Write all entries out exactly, images excluded.

DATA TO PROCESS START

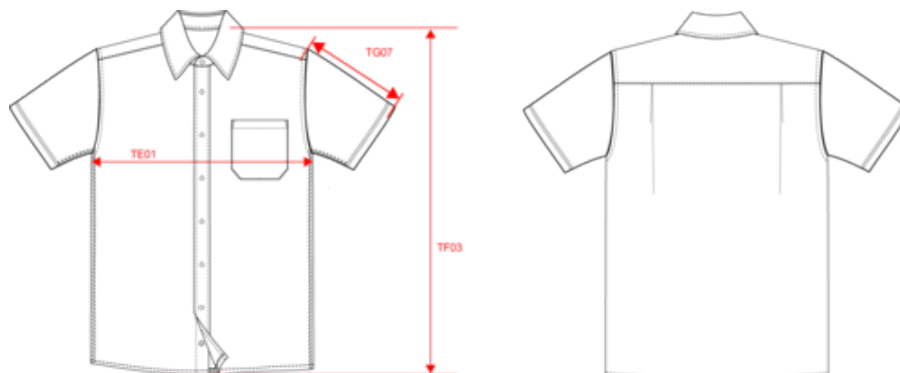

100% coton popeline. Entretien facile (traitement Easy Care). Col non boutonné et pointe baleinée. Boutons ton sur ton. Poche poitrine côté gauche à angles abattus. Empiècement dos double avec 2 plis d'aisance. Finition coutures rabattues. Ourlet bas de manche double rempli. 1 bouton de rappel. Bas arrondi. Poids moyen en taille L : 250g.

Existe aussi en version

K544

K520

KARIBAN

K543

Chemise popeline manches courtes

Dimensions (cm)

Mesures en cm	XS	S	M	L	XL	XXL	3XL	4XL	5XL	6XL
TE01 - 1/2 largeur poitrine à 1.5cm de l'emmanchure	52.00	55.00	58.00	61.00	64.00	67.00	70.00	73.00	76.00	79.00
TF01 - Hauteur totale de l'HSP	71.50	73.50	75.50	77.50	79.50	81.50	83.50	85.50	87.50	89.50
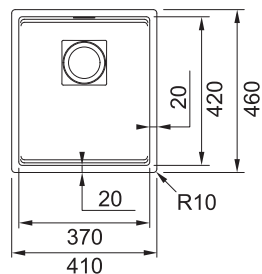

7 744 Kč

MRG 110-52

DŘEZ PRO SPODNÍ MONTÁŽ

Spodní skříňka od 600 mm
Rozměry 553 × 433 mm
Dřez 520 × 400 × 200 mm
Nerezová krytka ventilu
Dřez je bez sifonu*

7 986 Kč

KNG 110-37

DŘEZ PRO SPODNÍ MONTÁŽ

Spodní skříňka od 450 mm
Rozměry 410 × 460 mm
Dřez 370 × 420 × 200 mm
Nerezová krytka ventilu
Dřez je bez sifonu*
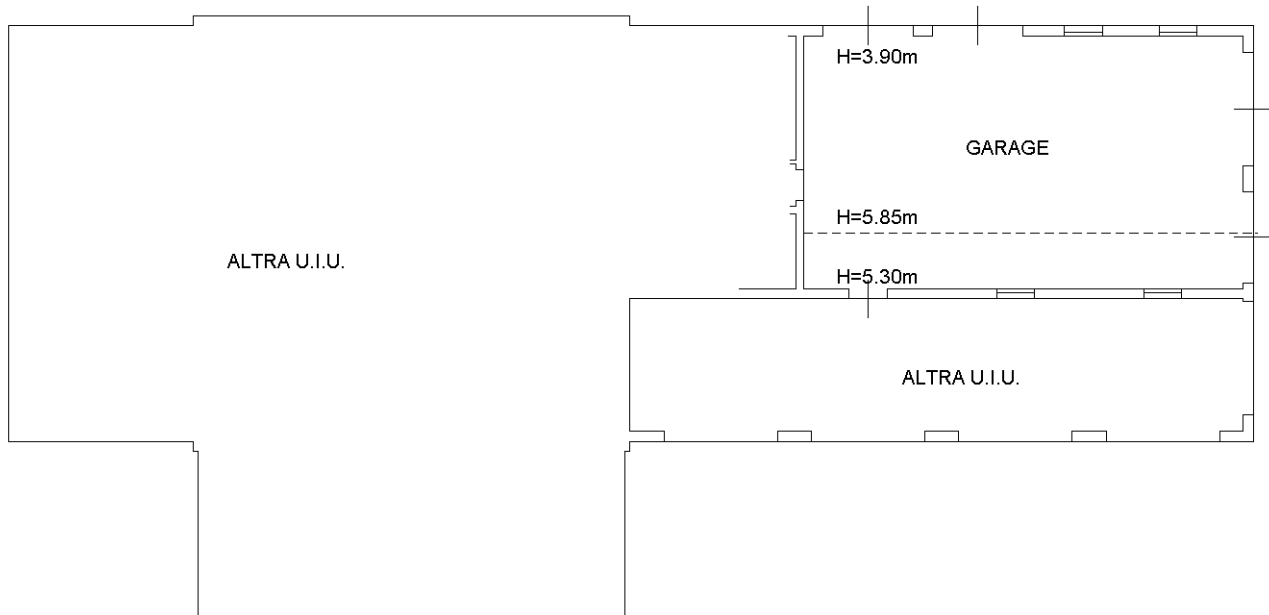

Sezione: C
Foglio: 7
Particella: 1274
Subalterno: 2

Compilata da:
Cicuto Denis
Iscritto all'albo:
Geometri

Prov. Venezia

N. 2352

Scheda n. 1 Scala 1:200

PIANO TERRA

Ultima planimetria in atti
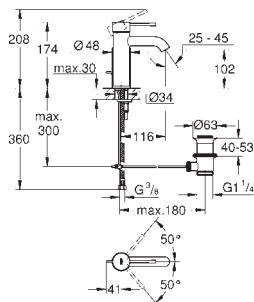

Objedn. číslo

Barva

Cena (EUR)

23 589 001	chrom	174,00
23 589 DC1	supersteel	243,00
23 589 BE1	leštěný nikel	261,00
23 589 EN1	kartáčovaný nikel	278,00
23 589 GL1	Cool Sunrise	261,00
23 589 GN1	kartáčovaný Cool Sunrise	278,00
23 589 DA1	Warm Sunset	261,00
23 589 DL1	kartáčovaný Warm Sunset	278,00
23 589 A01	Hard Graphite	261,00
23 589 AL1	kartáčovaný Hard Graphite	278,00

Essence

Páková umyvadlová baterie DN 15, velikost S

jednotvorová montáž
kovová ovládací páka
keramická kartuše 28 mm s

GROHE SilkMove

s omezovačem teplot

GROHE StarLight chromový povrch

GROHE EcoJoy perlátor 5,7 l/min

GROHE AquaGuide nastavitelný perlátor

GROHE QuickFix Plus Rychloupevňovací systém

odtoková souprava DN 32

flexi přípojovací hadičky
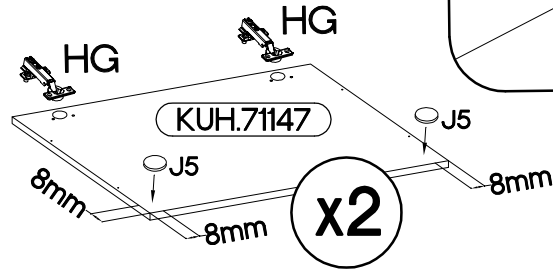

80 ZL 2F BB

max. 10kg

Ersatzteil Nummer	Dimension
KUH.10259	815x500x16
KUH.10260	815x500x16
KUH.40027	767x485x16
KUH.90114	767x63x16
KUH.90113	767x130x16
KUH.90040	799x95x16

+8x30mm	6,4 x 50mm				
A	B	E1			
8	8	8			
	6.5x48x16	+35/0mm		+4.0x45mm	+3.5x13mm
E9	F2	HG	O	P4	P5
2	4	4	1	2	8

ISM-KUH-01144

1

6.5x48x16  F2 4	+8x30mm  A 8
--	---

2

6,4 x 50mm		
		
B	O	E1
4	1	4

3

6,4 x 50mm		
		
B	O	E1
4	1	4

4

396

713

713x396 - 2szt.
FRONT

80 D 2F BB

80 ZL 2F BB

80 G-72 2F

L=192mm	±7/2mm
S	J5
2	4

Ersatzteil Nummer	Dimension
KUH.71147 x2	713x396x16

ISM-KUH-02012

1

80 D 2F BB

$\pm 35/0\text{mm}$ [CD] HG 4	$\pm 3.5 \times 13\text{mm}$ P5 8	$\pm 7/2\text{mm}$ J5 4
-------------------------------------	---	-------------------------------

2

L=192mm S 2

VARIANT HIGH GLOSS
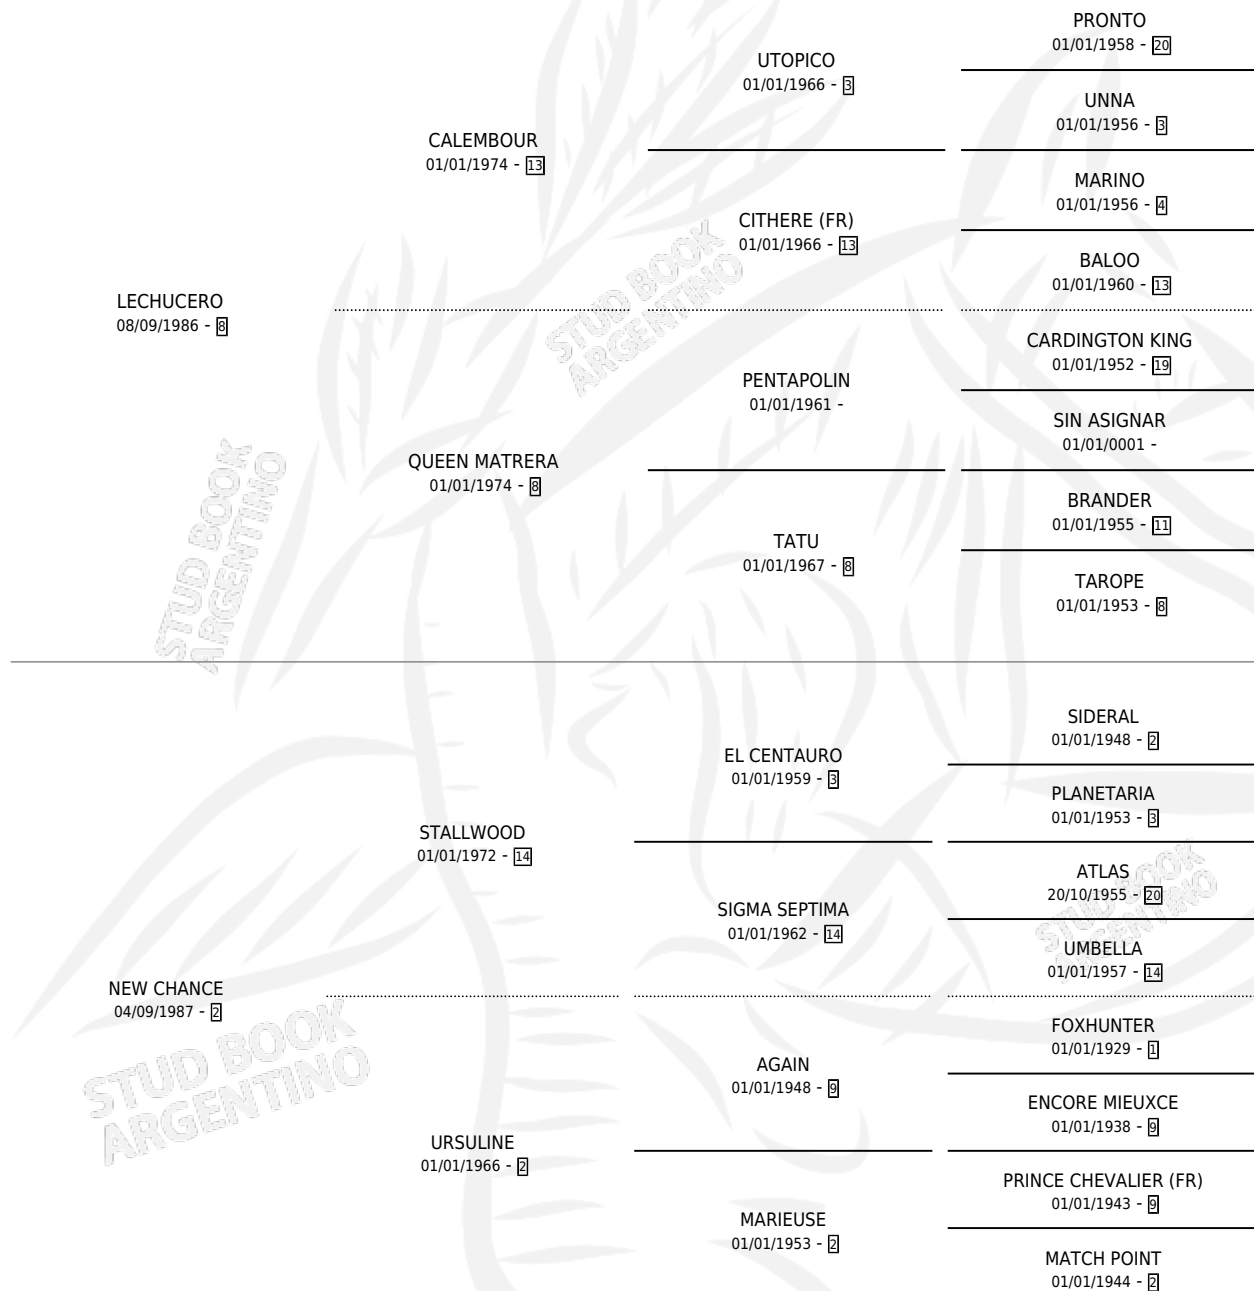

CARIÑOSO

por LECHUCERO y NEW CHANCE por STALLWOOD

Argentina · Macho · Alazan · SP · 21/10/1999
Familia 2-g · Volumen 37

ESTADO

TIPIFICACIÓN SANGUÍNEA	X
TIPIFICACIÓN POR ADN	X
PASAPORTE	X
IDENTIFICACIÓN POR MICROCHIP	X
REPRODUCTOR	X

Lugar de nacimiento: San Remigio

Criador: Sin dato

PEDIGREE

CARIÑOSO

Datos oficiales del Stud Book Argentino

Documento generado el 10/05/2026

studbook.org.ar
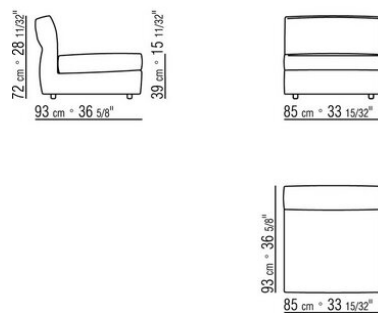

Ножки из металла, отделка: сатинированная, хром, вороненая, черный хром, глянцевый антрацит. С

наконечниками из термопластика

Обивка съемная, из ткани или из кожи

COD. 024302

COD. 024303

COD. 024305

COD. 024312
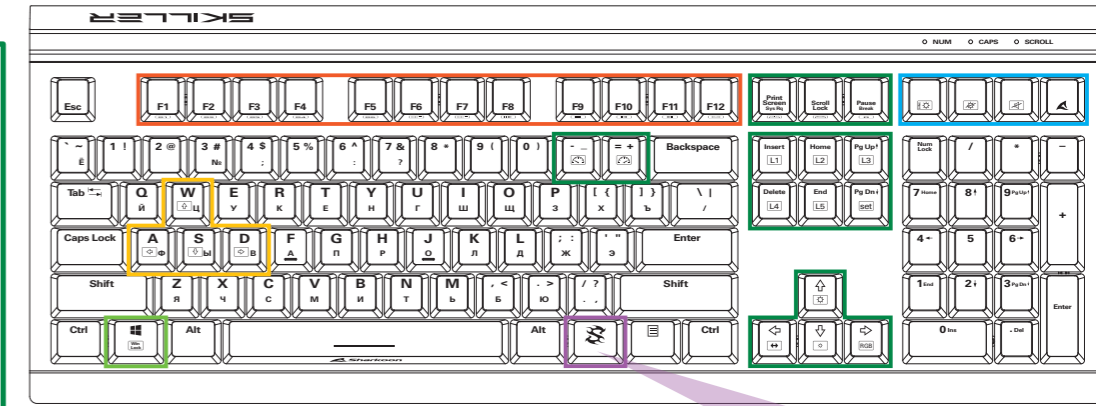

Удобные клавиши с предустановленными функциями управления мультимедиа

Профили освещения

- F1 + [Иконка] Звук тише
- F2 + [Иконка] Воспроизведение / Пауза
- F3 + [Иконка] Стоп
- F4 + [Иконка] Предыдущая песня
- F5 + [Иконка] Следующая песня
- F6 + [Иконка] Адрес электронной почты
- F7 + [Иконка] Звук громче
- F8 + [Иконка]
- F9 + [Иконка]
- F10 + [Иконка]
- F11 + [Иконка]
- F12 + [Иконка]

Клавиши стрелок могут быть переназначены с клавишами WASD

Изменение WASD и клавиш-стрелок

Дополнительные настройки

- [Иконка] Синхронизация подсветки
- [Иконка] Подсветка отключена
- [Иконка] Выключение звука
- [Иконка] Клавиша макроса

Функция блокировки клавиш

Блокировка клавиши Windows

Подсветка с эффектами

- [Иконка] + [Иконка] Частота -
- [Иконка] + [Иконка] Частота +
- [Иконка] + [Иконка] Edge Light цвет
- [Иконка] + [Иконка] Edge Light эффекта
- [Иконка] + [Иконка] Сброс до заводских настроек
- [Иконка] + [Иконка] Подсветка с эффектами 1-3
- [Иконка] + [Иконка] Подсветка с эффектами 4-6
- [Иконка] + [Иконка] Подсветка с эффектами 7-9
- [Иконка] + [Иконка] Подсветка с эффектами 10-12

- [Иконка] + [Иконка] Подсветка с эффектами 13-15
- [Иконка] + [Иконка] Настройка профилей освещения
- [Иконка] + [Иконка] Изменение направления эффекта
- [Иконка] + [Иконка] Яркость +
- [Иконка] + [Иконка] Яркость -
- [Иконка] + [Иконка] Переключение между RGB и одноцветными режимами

DATA TO PROCESS END

- _ANSWER BOX_:
100% coton popeline. Entretien facile (traitement Easy Care). Col non boutonné et pointe baleinée. Boutons ton sur ton. Poche poitrine côté gauche à angles abattus. Empiècement dos double avec 2 plis d'aisance. Finition coutures rabattues. Ourlet bas de manche double rempli. 1 bouton de rappel. Bas arrondi. Poids moyen en taille L : 250g.

Existe aussi en version

K544

K520

KARIBAN

K543

Chemise popeline manches courtes

Dimensions (cm)

Mesures en cm	XS	S	M	L	XL	XXL	3XL	4XL	5XL	6XL
TE01 - 1/2 largeur poitrine à 1.5cm de l'emmanchure	52.00	55.00	58.00	61.00	64.00	67.00	70.00	73.00	76.00	79.00
TF01 - Hauteur totale de l'HSP	71.50	73.50	75.50	77.50	79.50	81.50	83.50	85.50	87.50	89.50

7 744 Kč

MRG 110-52

DŘEZ PRO SPODNÍ MONTÁŽ

Spodní skříňka od 600 mm
Rozměry 553 × 433 mm
Dřez 520 × 400 × 200 mm
Nerezová krytka ventilu
Dřez je bez sifonu*

7 986 Kč

KNG 110-37

DŘEZ PRO SPODNÍ MONTÁŽ

Spodní skříňka od 450 mm
Rozměry 410 × 460 mm
Dřez 370 × 420 × 200 mm
Nerezová krytka ventilu
Dřez je bez sifonu*

Sezione: C
Foglio: 7
Particella: 1274
Subalterno: 2

Compilata da:
Cicuto Denis
Iscritto all'albo:
Geometri

Prov. Venezia

N. 2352

Scheda n. 1 Scala 1:200

PIANO TERRA

Ultima planimetria in atti

Objedn. číslo

Barva

Cena (EUR)

23 589 001	chrom	174,00
23 589 DC1	supersteel	243,00
23 589 BE1	leštěný nikel	261,00
23 589 EN1	kartáčovaný nikel	278,00
23 589 GL1	Cool Sunrise	261,00
23 589 GN1	kartáčovaný Cool Sunrise	278,00
23 589 DA1	Warm Sunset	261,00
23 589 DL1	kartáčovaný Warm Sunset	278,00
23 589 A01	Hard Graphite	261,00
23 589 AL1	kartáčovaný Hard Graphite	278,00

Essence

Páková umyvadlová baterie DN 15, velikost S

jednotvorová montáž
kovová ovládací páka
keramická kartuše 28 mm s

GROHE SilkMove

s omezovačem teplot

GROHE StarLight chromový povrch

GROHE EcoJoy perlátor 5,7 l/min

GROHE AquaGuide nastavitelný perlátor

GROHE QuickFix Plus Rychloupevňovací systém

odtoková souprava DN 32

flexi přípojovací hadičky

80 ZL 2F BB

max. 10kg

Ersatzteil Nummer	Dimension
KUH.10259	815x500x16
KUH.10260	815x500x16
KUH.40027	767x485x16
KUH.90114	767x63x16
KUH.90113	767x130x16
KUH.90040	799x95x16

+8x30mm	6,4 x 50mm				
A	B	E1			
8	8	8			
	6.5x48x16	+35/0mm		+4.0x45mm	+3.5x13mm
E9	F2	HG	O	P4	P5
2	4	4	1	2	8

ISM-KUH-01144

1

6.5x48x16  F2 4	+8x30mm  A 8
--	---

2

6,4 x 50mm		
		
B	O	E1
4	1	4

3

6,4 x 50mm		
		
B	O	E1
4	1	4

4

396

713

713x396 - 2szt.
FRONT

80 D 2F BB

80 ZL 2F BB

80 G-72 2F

L=192mm	±7/2mm
S	J5
2	4

Ersatzteil Nummer	Dimension
KUH.71147 x2	713x396x16

ISM-KUH-02012

1

80 D 2F BB

$\pm 35/0\text{mm}$ [CD] HG 4	$\pm 3.5 \times 13\text{mm}$ P5 8	$\pm 7/2\text{mm}$ J5 4
-------------------------------------	---	-------------------------------

2

L=192mm S 2

VARIANT HIGH GLOSS

CARIÑOSO

por LECHUCERO y NEW CHANCE por STALLWOOD

Argentina · Macho · Alazan · SP · 21/10/1999
Familia 2-g · Volumen 37

ESTADO

TIPIFICACIÓN SANGUÍNEA	X
TIPIFICACIÓN POR ADN	X
PASAPORTE	X
IDENTIFICACIÓN POR MICROCHIP	X
REPRODUCTOR	X

Lugar de nacimiento: San Remigio

Criador: Sin dato

PEDIGREE

CARIÑOSO

Datos oficiales del Stud Book Argentino

Documento generado el 10/05/2026

studbook.org.ar

Ножки из металла, отделка: сатинированная, хром, вороненая, черный хром, глянцевый антрацит. С

наконечниками из термопластика

Обивка съемная, из ткани или из кожи

COD. 024302

COD. 024303

COD. 024305

COD. 024312

Удобные клавиши с предустановленными функциями управления мультимедиа

Профили освещения

- F1 + [Иконка] Звук тише
- F2 + [Иконка] Воспроизведение / Пауза
- F3 + [Иконка] Стоп
- F4 + [Иконка] Предыдущая песня
- F5 + [Иконка] Следующая песня
- F6 + [Иконка] Адрес электронной почты
- F7 + [Иконка] Звук громче
- F8 + [Иконка]
- F9 + [Иконка]
- F10 + [Иконка]
- F11 + [Иконка]
- F12 + [Иконка]

Клавиши стрелок могут быть переназначены с клавишами WASD

Изменение WASD и клавиш-стрелок

Дополнительные настройки

- [Иконка] Синхронизация подсветки
- [Иконка] Подсветка отключена
- [Иконка] Выключение звука
- [Иконка] Клавиша макроса

Функция блокировки клавиш

Блокировка клавиши Windows

Подсветка с эффектами

- [Иконка] + [Иконка] Частота -
- [Иконка] + [Иконка] Частота +
- [Иконка] + [Иконка] Edge Light цвет
- [Иконка] + [Иконка] Edge Light эффекта
- [Иконка] + [Иконка] Сброс до заводских настроек
- [Иконка] + [Иконка] Подсветка с эффектами 1-3
- [Иконка] + [Иконка] Подсветка с эффектами 4-6
- [Иконка] + [Иконка] Подсветка с эффектами 7-9
- [Иконка] + [Иконка] Подсветка с эффектами 10-12

- [Иконка] + [Иконка] Подсветка с эффектами 13-15
- [Иконка] + [Иконка] Настройка профилей освещения
- [Иконка] + [Иконка] Изменение направления эффекта
- [Иконка] + [Иконка] Яркость +
- [Иконка] + [Иконка] Яркость -
- [Иконка] + [Иконка] Переключение между RGB и одноцветными режимами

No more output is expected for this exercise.